Although this government has been in power for only two (2) years and remains fragile, facing several financial and humanitarian challenges, failure to commence investigations into the 2011 human rights violations is inexcusable because it requires limited commitment of financial resources. I agree, in totality, with the human rights activists from Yemen, Mr. Ezzedine Al-Asbahi, Mr. Yousuf Aburas, Mr. Arafat Alroufaid and Mrs. Bushra Alameiri, who all presented during the side meeting that the delay to start investigations into the 2011 human rights violations is evidence that this new government’s commitment to promote and protect human rights is still lacking.

It should be noted that the 2011 violations of human rights happened when peaceful demonstrators, civil society organizations, human rights activists and human rights defenders were exercising their right to assembly, speech and expression. Therefore, the delay to carry out investigations into these violations implies that the right of civil society organizations, human rights activists and defenders to assemble, express their opinion and to associate is still under threat as the perpetrators are yet to be held accountable and the victims are yet be offered any kind of redress. It is not surprising that serious threats to journalists, human rights activists and defenders still exist today as reported in the Human Rights Watch report (2013).

According to the Draft report of the Working Group on the Universal Period Review and adopted by the said Working Group on 31 January 2014, Yemen accepted 165 recommendations, including the recommendations (by the Netherlands, Australia, Portugal and United Kingdom of Great Britain and Northern Ireland) on investigating into the 2011 human rights violations. This is welcome.

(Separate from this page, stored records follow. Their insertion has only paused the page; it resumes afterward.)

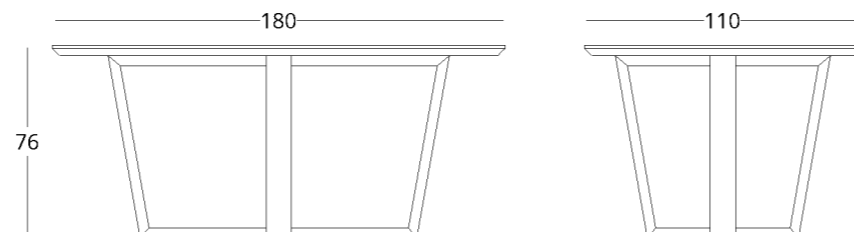

СТОЛ ОБЕДЕННЫЙ

Габариты:
высота - 76 см
ширина - 180 см
глубина - 110 см

Артикул: **017.003.2023-S**
Материал: дуб европейский
Отделка: бесцветный матовый лак
Вес: 60 кг.

Рекомендованная высота обеденного стола - 76 см., но в зависимости от вашего роста и предпочтений может быть изменена.

Максимальная глубина - 130 см
Максимальная ширина - 250 см

Опции:

- оборудование декоративным камином на биотопле
- столешница из искусственного камня
- столешница из закалённого стекла

Для просмотра 3D модели в браузере и её размещения в вашем интерьере отсканируйте QR код и перейдите по ссылке

или перейдите по прямой ссылке:

КОЛЛЕКЦИЯ

just M

стоимость смотрите на нашем сайте: www.taffor.com | hello@taffor.com

СТОЛ ОБЕДЕННЫЙ

Габариты:
высота - 76 см
ширина - 180 см
глубина - 80 см

Артикул: **017.003.1016-S**
Материал: дуб европейский
Отделка: бесцветный матовый лак
Вес: 50 кг.

Рекомендованная высота обеденного стола - 76 см., но в зависимости от вашего роста и предпочтений может быть изменена.

Максимальная глубина - 120 см
Максимальная ширина - 240 см

Опции:

- оборудование декоративным камином на биотопле
- раскладное исполнение

Для просмотра 3D модели в браузере и её размещения в вашем интерьере отсканируйте QR код и перейдите по ссылке

или перейдите по прямой ссылке:

КОЛЛЕКЦИЯ

just M
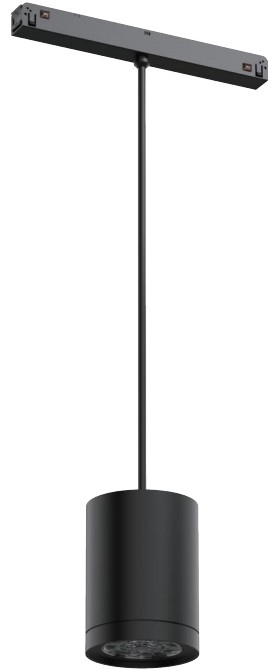

# GLAMO 48V

Φ68

Zoomable 15°-50° 48V Pendant

Black Painted

- IP Rating:** IP20
- Optics:** Zoomable 15°-50°
- UGR:** <17
- CRI:** 98Ra
- Lifetime:** >50,000 hrs (L70 B10)
- CCT:** 2700K/3000K/3500K/4000K/5000K/  
2000K-3000K/1800K-4000K/2700K-6000K

**Typical Source**

- Efficacy (lm/W):** 113
- Control:** On/off, 0/1-10V, Dali, Zigbee, Casambi
- Binning:** 2 Step MacAdams
- Input:** 48 VDC
- Output:** DC 36V 150mA 6W  
DC 36V 200mA 8W  
DC 36V 250mA 10W  
DC 36V 300mA 12W

- Ambient temp:** -20 °C to 45 °C
- Class:** III
- Material:** structure fine aluminum 6063A

12W Ra98 3000K 15°

h(m)	E(lx)	D(m)
0.5	12099	0.14
1.0	3025	0.27
1.5	1344	0.41
2.0	756	0.54
2.5	484	0.68
3.0	336	0.81
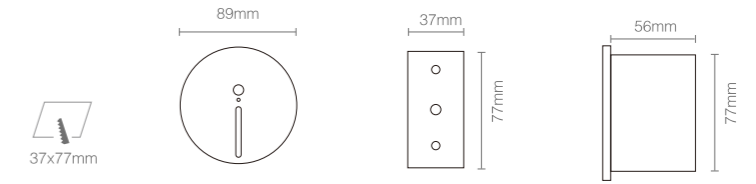

产品规格
Product Specifications

开孔尺寸: ϕ 41mm
产品尺寸: ϕ 47x72mm
功率: 1W
安装方式: 嵌入式(Recessed)
防护等级: IP40
输入电压: AC 220V
光束角度: 40°
显指: Ra92
色温: 2700K、3000K、4000K
光通量: 23lm、24m、25lm
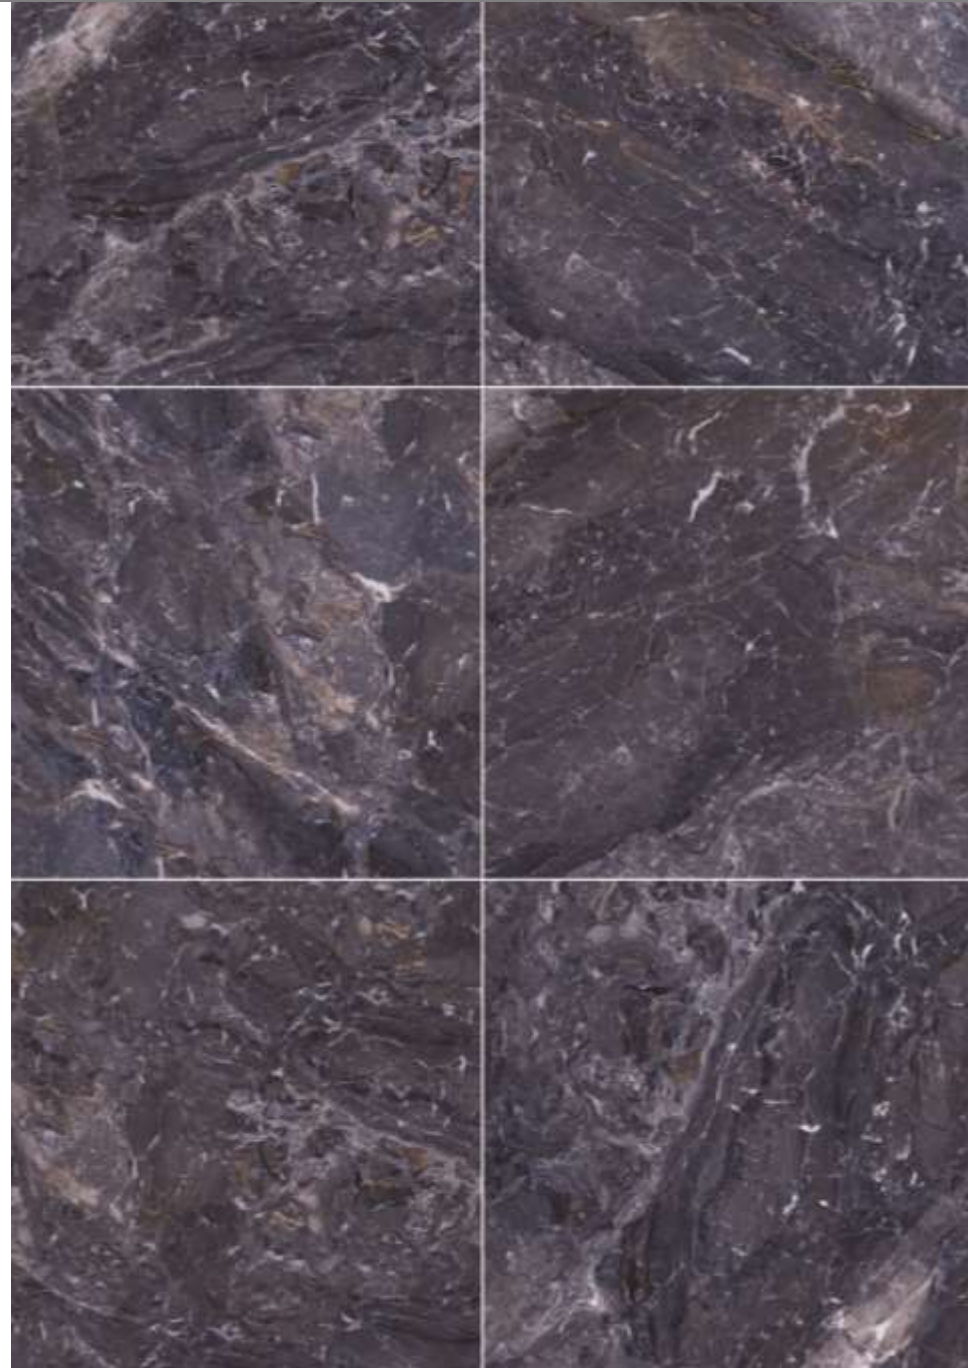

› Viena

Tamaño: 60 x 60 cm.

Terminación: Brillante

Tránsito: Medio

NEGRO

> Zen

Tamaño: 60 x 60 cm.

Terminación: Brillante
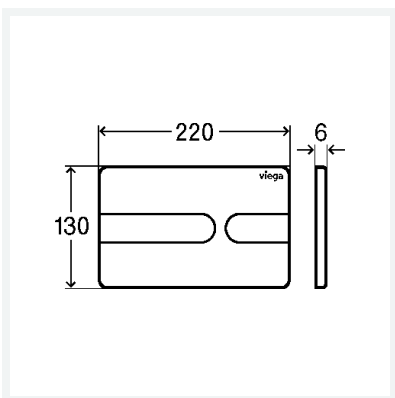

### Hinweis

Mit Fuge zwischen Wand und Betätigungsplatte zur optischen Trennung der Bauteile (Schattenfuge).

**Modell 8613.1**

**Artikel 773 069**

## Eigenschaften

Abdeckplatte	Kunststoff edelmatt
Druckstück	Kunststoff edelmatt
Gewicht	205 g
Volumen	2072 cm <sup>3</sup>
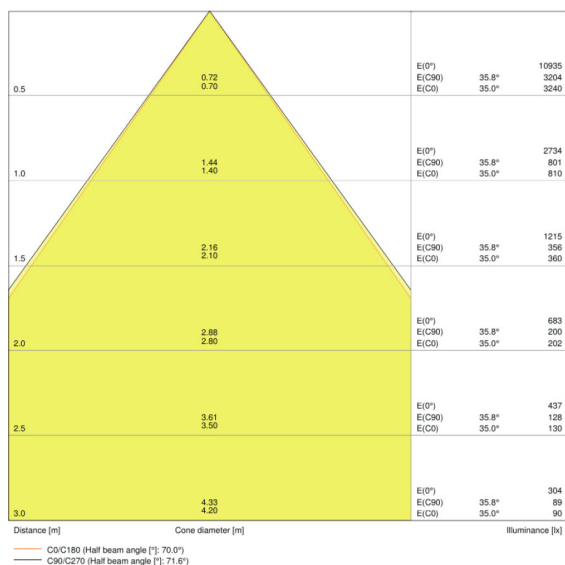

Lysfordeling

LDC typ cone

LDC typ polar

UTSTYR/TILBEHØR

- Tilbehør for flere ulike monteringsalternativer tilgjengelig
- Sikkerhetsline for armaturen medfølger
- Ekstern forkoblingsutstyr inkludert

LOGISTIKK DATA

Product kode	Forpakkings enhet (stk/enhet)	Dimensjoner (lengde x bredde x høyde)	Brutto vekt	Volum
4058075503922		668 mm x 723 mm x 38 mm	4024,00 g	18.35 dm³
4058075503939	NO: VS 3	685 mm x 135 mm x 735 mm	12998,00 g	67.97 dm³

The mentioned product code describes the smallest quantity unit which can be ordered. One shipping unit can contain one or more single products. When placing an order, for the quantity please enter single or multiples of a shipping unit.

REFERANSER / LENKER

For garanti se
www.ledvance.no/garanti

ANSVARFRASKRIVELSE
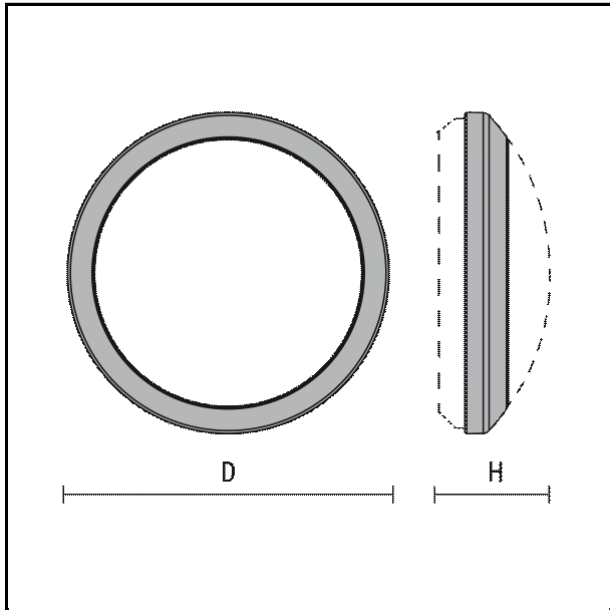

Jack Led maschere tonde - 2213

COD. 2213-

LAMPADA

W

IP

IK

CERTIFICAZIONE

CONFORMITÀ

COLORI

CLASSE ENERGETICA

2213-

/

SPECIFICHE

- Solo maschere in policarbonato
- Bloccaggio a scatto senza viti

DIMENSIONI

D 274 mm
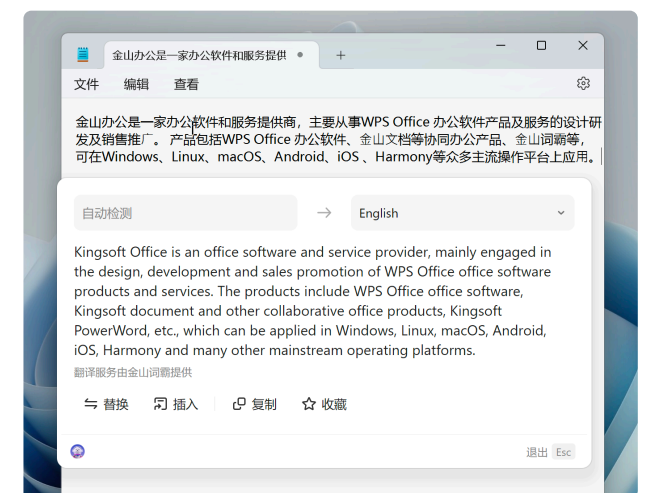

✍️ AI 写作

当在使用适配应用进行文本编辑，可使用 WPS 灵犀提供的「AI 写作」能力，高效进行创作。

开启 AI 写作

启用效果

帮我写作

边写边译

However, if the people of Yemen and the international community are to believe the new government’s assurances that it is committed to promoting and protecting people’s human rights, it must, as a matter of urgency establish the independent commission to investigate into the 2011 human rights violations. This commission, after its establishment, should expeditiously carry out its work free of interference from the government, publish its findings and those found guilty of human rights violations be punished in accordance with the law. Hopefully this will be done before the 26th session of the UN Human Rights Council in June, 2014, where the Draft report of the Working Group will be adopted by UNHRC.